### About this exercise
Calculate how many lines of the data hold "mensole". The answer consists of that number only.

### Records from a collection
........
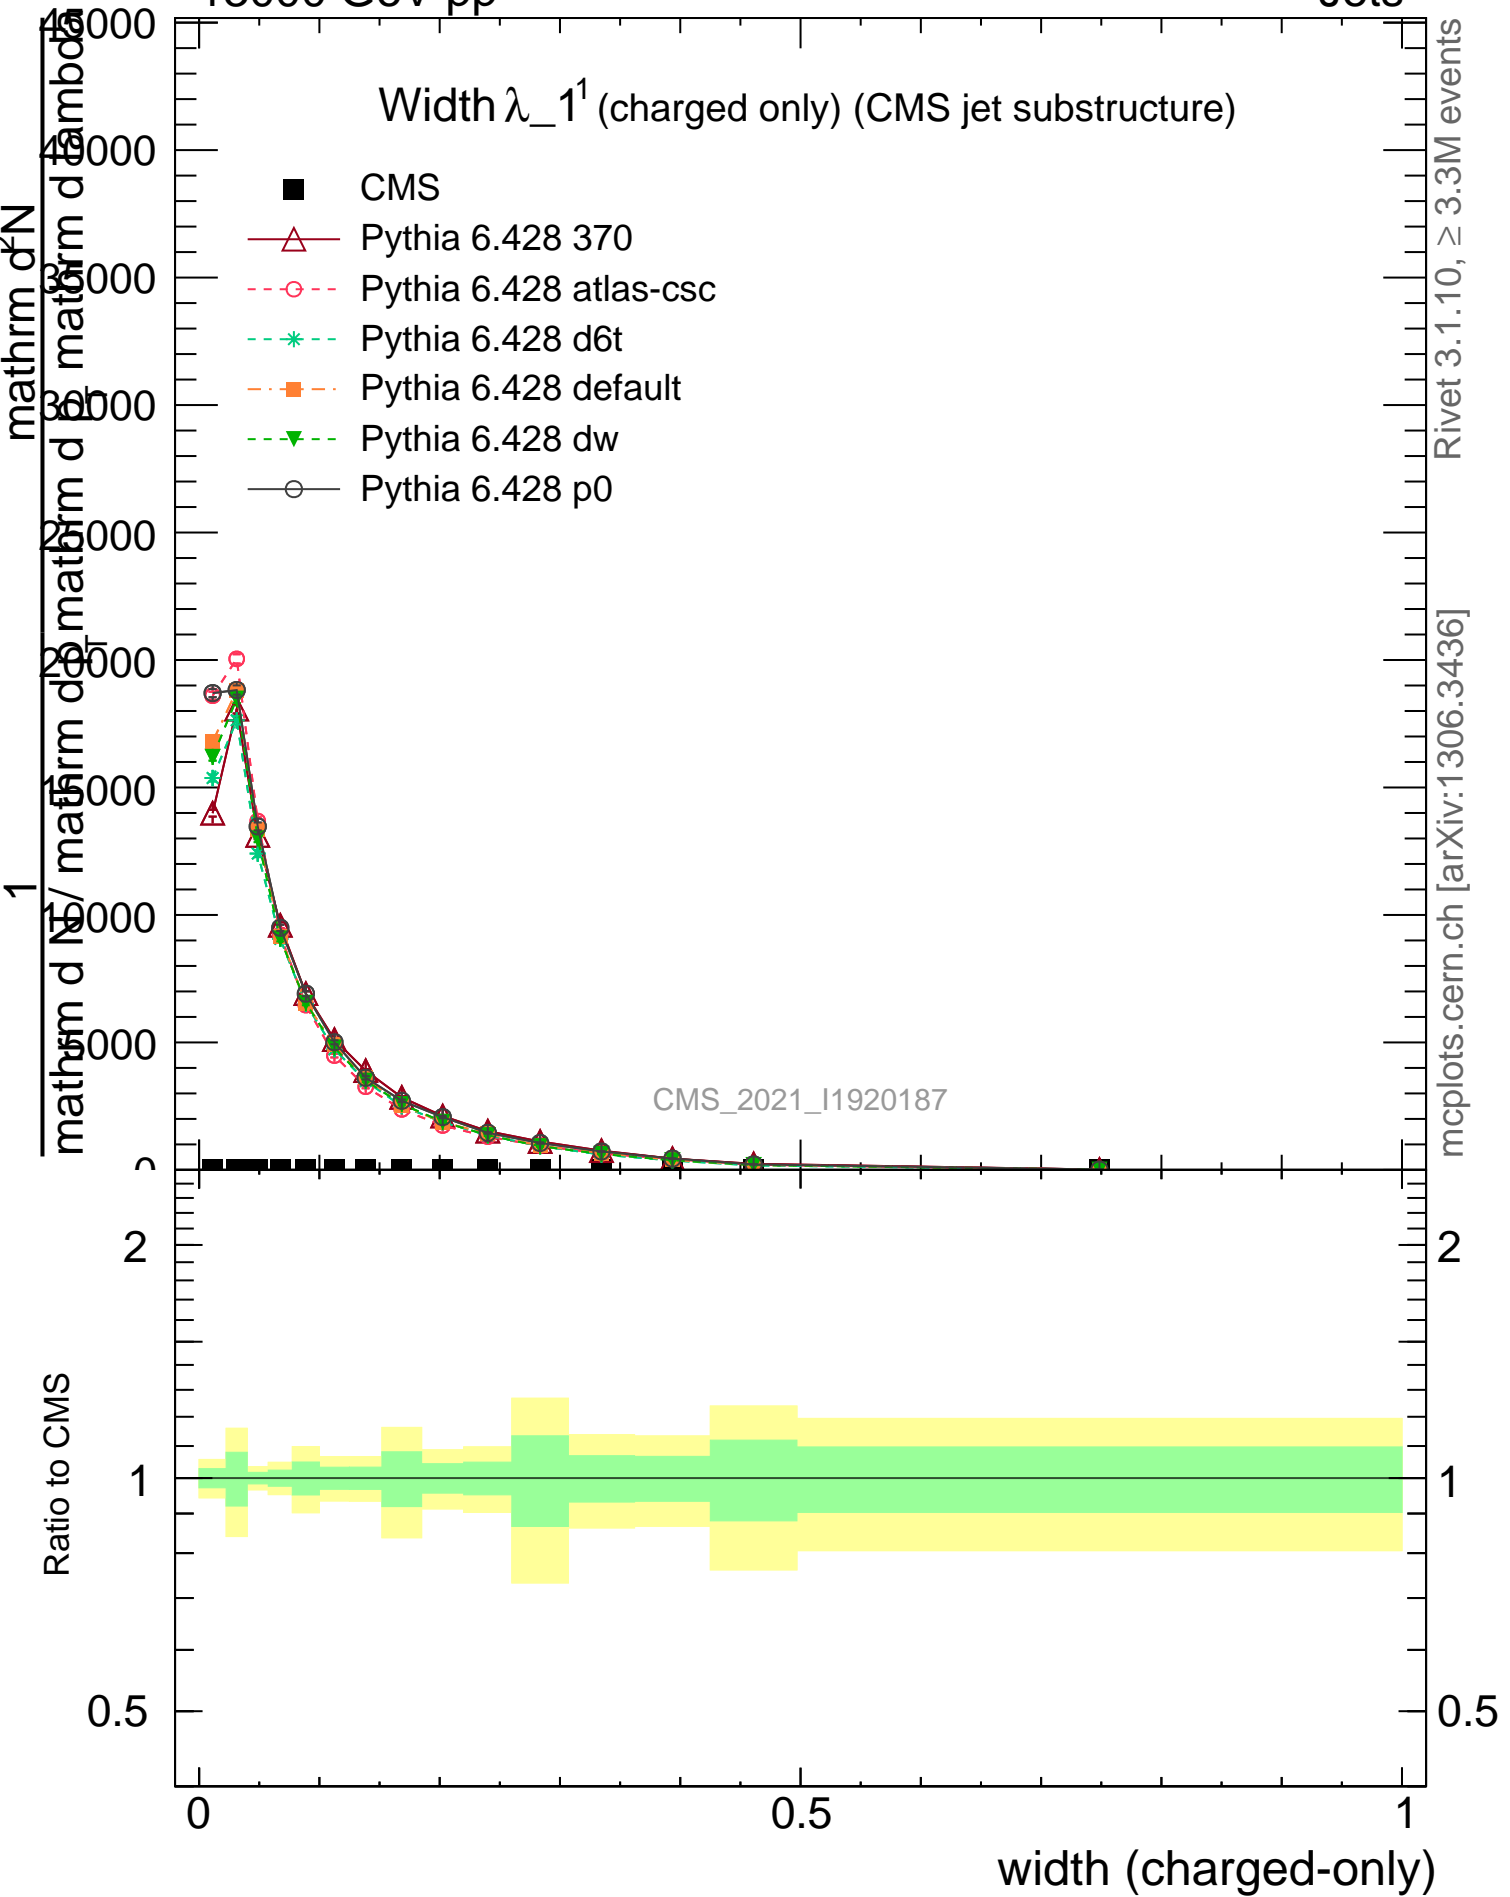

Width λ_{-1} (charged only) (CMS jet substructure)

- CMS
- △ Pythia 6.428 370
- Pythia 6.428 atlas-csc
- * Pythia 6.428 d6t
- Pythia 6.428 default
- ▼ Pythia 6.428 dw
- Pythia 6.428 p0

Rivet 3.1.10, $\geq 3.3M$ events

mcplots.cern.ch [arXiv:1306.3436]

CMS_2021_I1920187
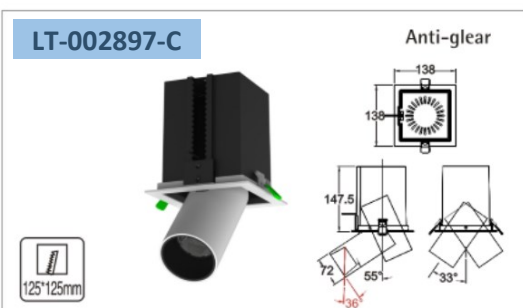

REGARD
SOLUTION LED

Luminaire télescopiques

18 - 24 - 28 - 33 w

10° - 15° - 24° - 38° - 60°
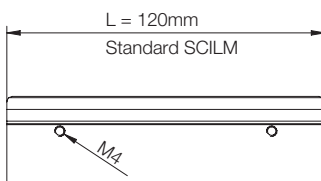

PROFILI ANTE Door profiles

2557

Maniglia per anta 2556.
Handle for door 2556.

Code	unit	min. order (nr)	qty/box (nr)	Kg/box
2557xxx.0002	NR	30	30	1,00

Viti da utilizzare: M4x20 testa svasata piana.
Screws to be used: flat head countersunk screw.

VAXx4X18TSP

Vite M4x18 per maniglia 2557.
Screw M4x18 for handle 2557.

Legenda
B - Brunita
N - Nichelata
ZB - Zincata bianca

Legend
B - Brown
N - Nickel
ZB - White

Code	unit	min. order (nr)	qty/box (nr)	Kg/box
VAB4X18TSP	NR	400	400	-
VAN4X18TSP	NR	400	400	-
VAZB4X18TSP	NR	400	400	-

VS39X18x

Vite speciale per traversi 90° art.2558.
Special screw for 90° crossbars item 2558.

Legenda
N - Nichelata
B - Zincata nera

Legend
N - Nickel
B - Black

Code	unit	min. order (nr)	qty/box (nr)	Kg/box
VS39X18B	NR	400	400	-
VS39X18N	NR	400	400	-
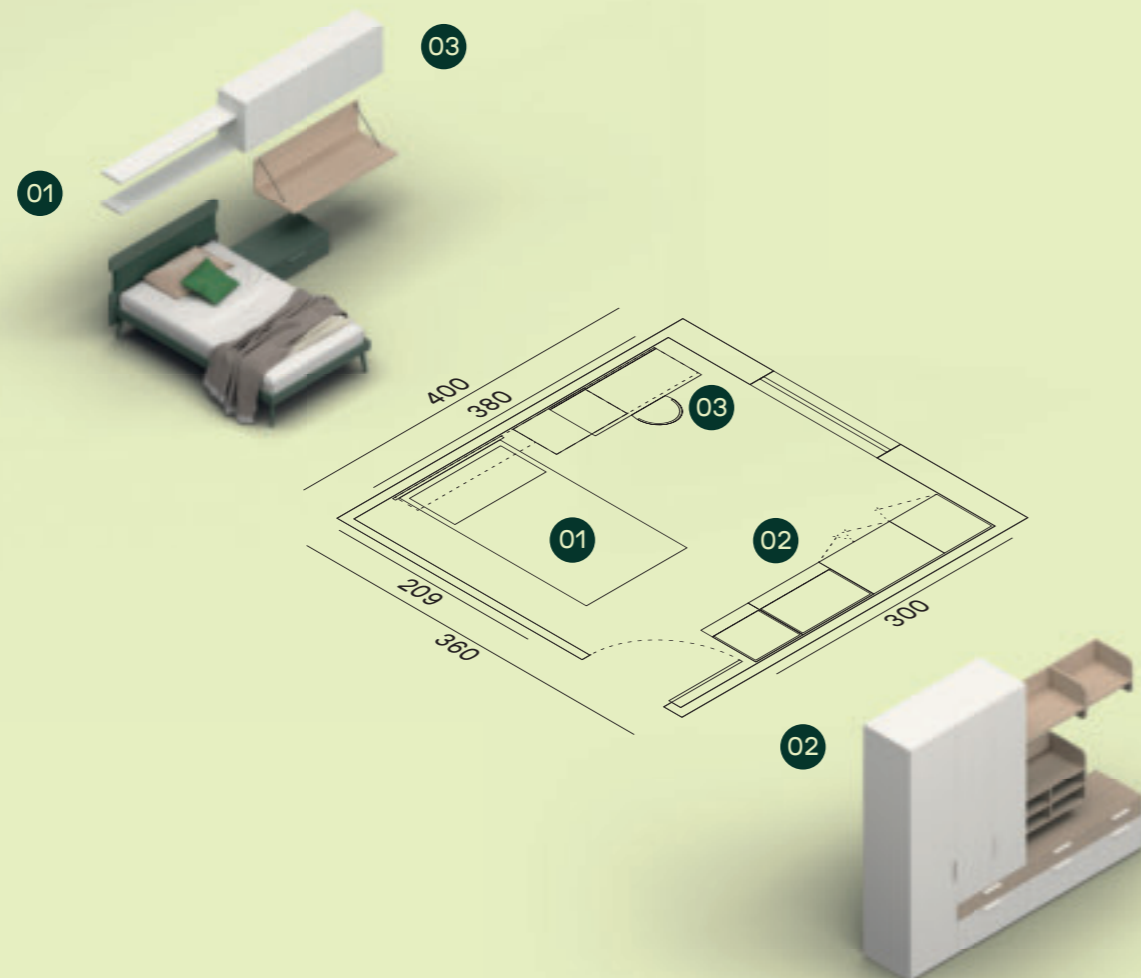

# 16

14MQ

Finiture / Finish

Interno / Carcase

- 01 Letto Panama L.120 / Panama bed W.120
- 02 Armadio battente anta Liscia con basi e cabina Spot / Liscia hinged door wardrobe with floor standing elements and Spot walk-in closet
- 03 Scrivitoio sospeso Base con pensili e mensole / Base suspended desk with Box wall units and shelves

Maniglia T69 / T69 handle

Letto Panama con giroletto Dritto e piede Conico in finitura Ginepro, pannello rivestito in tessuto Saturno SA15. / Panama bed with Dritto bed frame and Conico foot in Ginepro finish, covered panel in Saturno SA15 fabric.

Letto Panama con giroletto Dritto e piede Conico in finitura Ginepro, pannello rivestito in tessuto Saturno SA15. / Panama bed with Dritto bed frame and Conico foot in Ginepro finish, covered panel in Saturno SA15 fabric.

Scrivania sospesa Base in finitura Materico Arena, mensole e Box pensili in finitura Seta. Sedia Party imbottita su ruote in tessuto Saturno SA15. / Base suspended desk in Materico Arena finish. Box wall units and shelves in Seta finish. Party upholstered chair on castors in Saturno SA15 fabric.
........
### Answer to the exercise
2